The second way I feel like this truth of change offers a sense of protection is just to take refuge in the fact that we also initiate change. That our actions are in some ways planting wholesome seeds that will eventually sprout. That this is also the nature of things. So we can trust that our positive skillful actions, the actions that are reflective of our values contribute to change in a way that we can feel good about.

So I’d like for us to work with these two aspects of change: noticing change and contemplating our contribution to change in this short practice.

So if you wouldn’t mind, please — if it’s safe wherever you are to close your eyes, you may close them or just lower them to the space in front of you. Notice your body position and allow yourself to fully inhabit the entire body — top to bottom, side to side, 360 degrees. Really filling out the whole body with your awareness.

And if it’s possible, invite the body to soften and relax into whatever is supporting it — whether it’s a chair or bed or cushion like I’m in.

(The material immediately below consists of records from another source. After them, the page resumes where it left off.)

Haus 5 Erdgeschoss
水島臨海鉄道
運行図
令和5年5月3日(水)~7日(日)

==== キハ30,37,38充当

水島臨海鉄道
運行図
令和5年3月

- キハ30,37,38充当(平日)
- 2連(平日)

And notice that as you rest here you are breathing. So as the breath comes in, sensations arise in the nostrils, throat, chest, belly. Tracking the changing sensations all the way up to the top of the inhalation. Then as you exhale, noticing the sensations as they change — air exiting the nostrils, softening of the chest, and the falling of the belly. Starting to follow the changing sensations of breath with your awareness. As you breathe in, you might silently say “Breathing in” and as you breathe out, you might silently say “Breathing out” just to help yourself track what’s happening now.

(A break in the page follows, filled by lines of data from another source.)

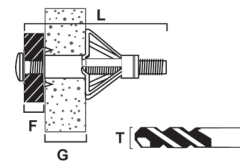

Gips

Specifikation

Ytbehandling	Blankförzinkad
Korrosivitetsklass	C1
Miljökodning	Inomhus

C1

Småpack

Art nr	Dim.	Längd	Produktmått G min-max	Max. godstjocklek	Borrdia.	Bits	Förpackning	Innehåll
10003639	M4	60 mm	19-27 mm	18 mm	8 mm	PZ2+SL	zip-lock påse 7cm	4 ST
10003642	M5	71 mm	22-30 mm	21 mm	10 mm	PZ2+SL	zip-lock påse 7cm	4 ST
10003644	M6	71 mm	22-30 mm	21 mm	13 mm	PZ2+SL	zip-lock påse 7cm	4 ST

Tillbehör

Art nr	Beskrivning	Innehåll
513414	MONTERINGSTÅNG SAM KONSUMENT	1 ST
190207	MONTERINGSTÅNG SAM VINKLAD	1 ST
190208	MONTERINGSTÅNG SAM PUMP	1 ST
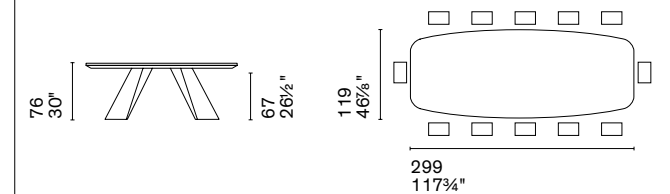

Apian

Tavolo /Table

CS4132-S P94-P29L / P9C

Dati tecnici /Technical specifications

CS4132-RI 200
CS4132-RI 200 MTO

CS4132-S 200
CS4132-S 200 MTO

CS4132-FR 250 MTO

CS4132-FB 250
CS4132-FB 250 MTO

CS4132-FE 250
CS4132-FE 250 MTO

CS4132-FB 300
CS4132-FB 300 MTO

Nota Per le combinazioni disponibili consultare il listino prezzi. /**Note** Please check all available combinations in the price list.

Linee geometriche ma accoglienti per Atlante, tavolo rotondo a base fissa dotato di una pratica allunga a libro, che permette di aggiungere agilmente due posti in più. Il basamento in metallo e il top in ceramica opaca donano contemporaneità e dinamicità a un design dal gusto molto classico.
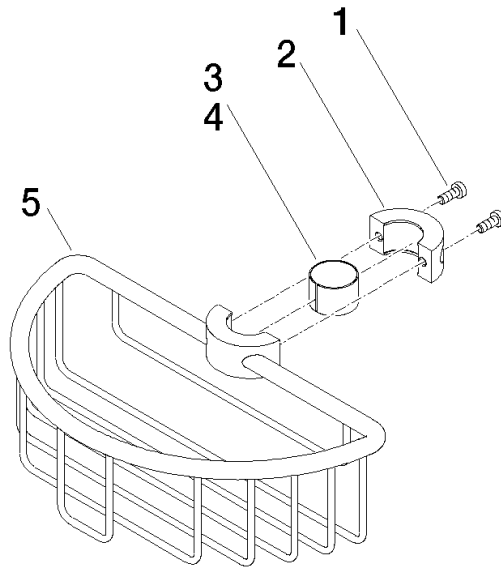

**Panier de douche pour montage ultérieur sur tube - Champagne brossé (Or 22cts)**

IMO

82 290 970

- largeur 200 mm
- hauteur 62 mm
- saillie 125 mm

S'adapte aux gammes suivantes : IMO, LULU, MADISON, MEM, TARA, CL.1, LISSÉ, VAIA, META, CYO

Panier de douche pour montage ultérieur sur tube - Champagne brossé (Or  
22cts)

IMO

82 290 970  
mm [inches]

Panier de douche pour montage ultérieur sur tube - Champagne brossé (Or  
22cts)

IMO

82 290 970

**Version du produit de 10/1/2023**

Les pièces pour les  
autres finitions  
peuvent être  
trouvées ici : Chrome

Panier de douche pour montage ultérieur sur tube - Champagne brossé (Or  
22cts)

IMO

82 290 970

Noticing also the qualities of the breath. Without forcing the breath to be different than it is, notice if it’s long or short, deep or shallow. Just receiving, “How is the breath now?” And staying with it moment to moment as it changes. So that the awareness is just like a small boat in the big ocean, rising on the inhalation and falling on the exhalation, and riding the waves of breath with the awareness.

And then take a moment to notice how it is now. How does it feel in the breath now, how does the body feel now. Perhaps noticing some shifts just in the couple minutes we’ve been practicing mindfulness of breathing. How is the awareness now? Maybe noticing that you can notice more of the breath. More subtle sensations, noticing a pause at the top of inhalation or at the bottom of the exhalation. Just maintaining a kind curiosity toward this changing experience.

And now having used this exploration of change as a way to settle, ground, and unify the attention, I’ll ask you to remember a time when you took an action that contributed to change in a healthy, skillful way. It might be something from your personal life — drinking more water and feeling better. Or this could be an action you took in a workplace or community.

Take a moment to reflect and actually allow yourself to feel good about that experience, and establish a sense of trust in your capacity to contribute to change in a wholesome way.

And then before we close the practice, please think of one action that you can take today, with whatever remaining hours of the day you have left, to contribute to a change you would like to see. Trusting that that action will have an effect.

And then keeping that intention, letting the meditative mood soften. You can take a couple of deep breaths if you like, floating the eyes open if they are not already, taking in your environment again.

So thank you for being with me for practice today. I hope this is very useful for you as a contemplation of refuge, as a way to access refuge and change. Thank you for allowing me to share these thoughts with you, and I look forward to seeing you on the Zoom call at the end of the month. Peace.